Он показал Андрею удостоверение личности. Это в корне меняло дело. Но Самохин все-таки сказал:
— Могли бы раньше предупредить.
— И сейчас не поздно, — ответил Садыков. — Надеюсь, вы поняли: у эпроновца должно создаться впечатление, что пограничники им не интересуются.
— Понятно. Я вам больше не нужен?
Садыков молча кивнул. В рубку вошла женщина средних лет, такая же темнолицая, как и Зульфия, молчаливая и сосредоточенная, заняла место у штурвала.
Самохин вышел на палубу. Спускаться в кубрик не хотелось: здесь хоть продувало ветерком, а там духота, деваться некуда...

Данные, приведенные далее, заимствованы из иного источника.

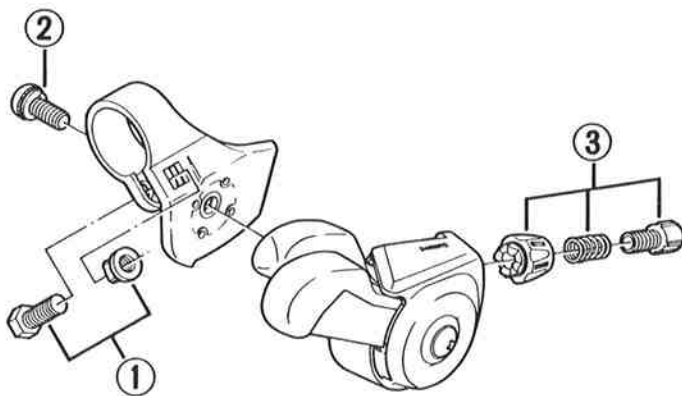

ST-M020 Rapidfire SHIMANO 200GS

ST-M020-C Rapidfire SHIMANO 200CX

For Left Hand

For Right Hand

Q'TY	ITEM NO.	PART NO.	DESCRIPTION
	* 1	66B 9807	Bracket Fixing Screw (M5 x 16) & Nut
	* 2	64F 9801	Shifting Lever Fixing Bolt (M5 x 12) w/Spring Washer
	* 3	66B 9803	Cable Adjusting Barrel Unit
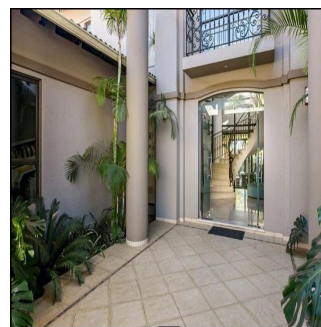

# Beautiful 4 Bedroom House For Rent In Morningside

Afrique du Sud, Cap Occidental, Baie de Plettenberg, W Rd S, , 2057,

PRIX DE LOCATION MENSUEL

**USD 7279.00**

PRIX DE VENTE

**USD 0.00**

🏠 900 qm

🛏️ 8 chambres

🚗 4 Exhibition results

🚿 4 salles de bains

🏠 4 planchers

📏 4 qm superficie du territoire

🚗 4 places pour voitures

**Ty Bello**  
Tttytr  
Abuja, Nigeria - Heure locale

📞 234 986543223

UNRIVALLED LIVING IN PRESTIGIOUS CLOUDS END This beautiful home is located on the largest stand in the sought after Clouds End. There are 4 well-proportioned bedrooms, with the master being a suite. There is a built in study/library downstairs and an underground basement that can be used as a cinema. Back-up generator, piped surround sound and walk in cold room complete the value proposition. Security is unrivalled with 24hr guards, dedicated car patrol in the complex, high perimeter walls with 2 meter electric fencing, CCTV, and high end alarm system. Convenience is assured with shopping and entertainment just 2 minutes away. Schools in close proximity include Crawford, St Stithians, King Davids, Redhill, Bressure House, British International School and the French School.
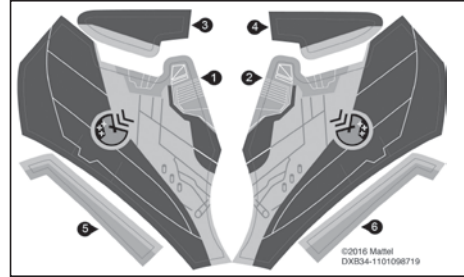

MARVEL GUARDIANS OF THE GALAXY VOL. 2

MILANO BREAKOUT

4+

service.mattel.com

HOTWHEELS.COM

ASST.DKT27
DXB34-0970

PLEASE KEEP THESE INSTRUCTIONS FOR FUTURE REFERENCE AS THEY CONTAIN IMPORTANT INFORMATION.

CONTENTS

LABEL SHEET

©2016 Mattel
DNR04-1101098719

APPLY LABELS

SET UP

1.

2.

ONE-TIME ASSEMBLY

3.

TO PLAY

1. PULL BACK AND LOCK LAUNCHER INTO PLACE.

2. LOAD VEHICLE.

3. LAUNCH, LEAP AND BLAST MILANO! EXPERIMENT WITH ADJUSTING THE JUMP LENGTH TO DISCOVER THE BEST PERFORMANCE.

WARNING: DO NOT AIM AT EYES OR FACE.
ONLY USE PROJECTILES SUPPLIED WITH THIS TOY.
DO NOT FIRE AT POINT BLANK RANGE.
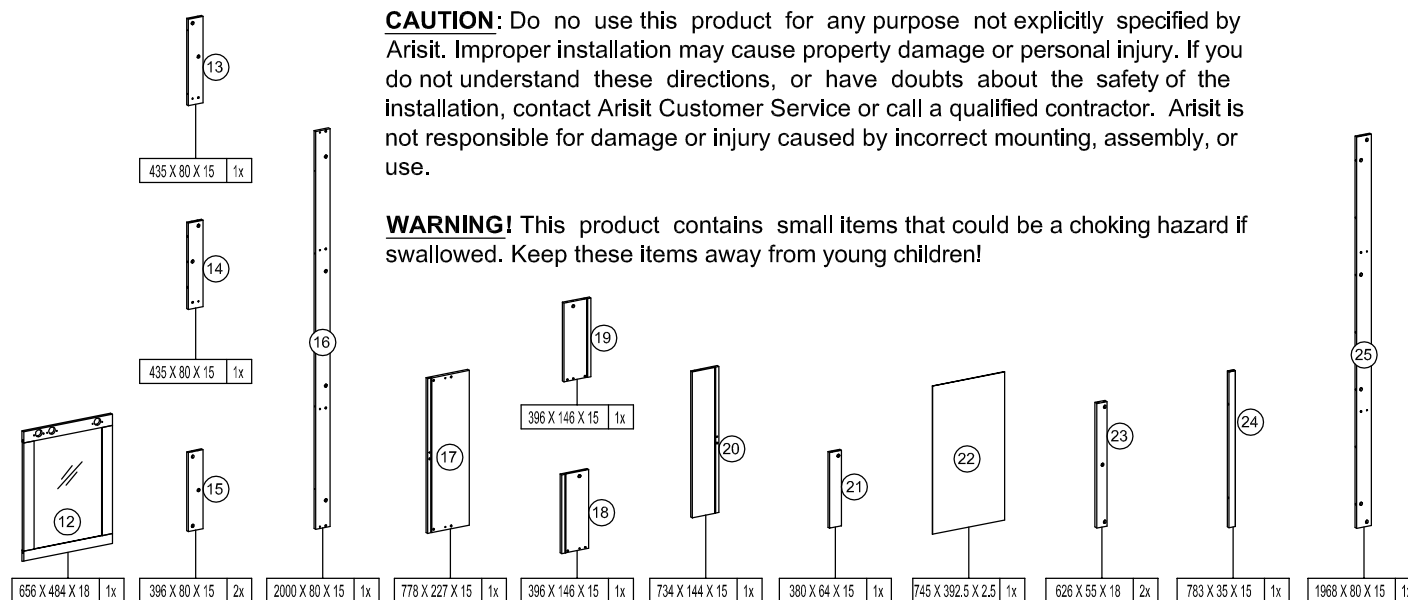

CAUTION: Do not use this product for any purpose not explicitly specified by Arisit. Improper installation may cause property damage or personal injury. If you do not understand these directions, or have doubts about the safety of the installation, contact Arisit Customer Service or call a qualified contractor. Arisit is not responsible for damage or injury caused by incorrect mounting, assembly, or use.

WARNING! This product contains small items that could be a choking hazard if swallowed. Keep these items away from young children!

Сейнер приблизился к плавбазе, метрах в ста застопорил машину, покачиваясь на волнах.
Самохин отчетливо видел, как с плавбазы спустили шлюпку, в нее сели три гребца, рулевой на корму. Оттолкнувшись от борта, гребцы дружно опустили весла на воду, направляясь к «Пселу». Солнце отражалось от яркой пленки воды, стекавшей с весел, и от этого казалось, что шлюпка, мерно поднимаясь и опускаясь на волнах, взмахивает блестящими прозрачными крыльями.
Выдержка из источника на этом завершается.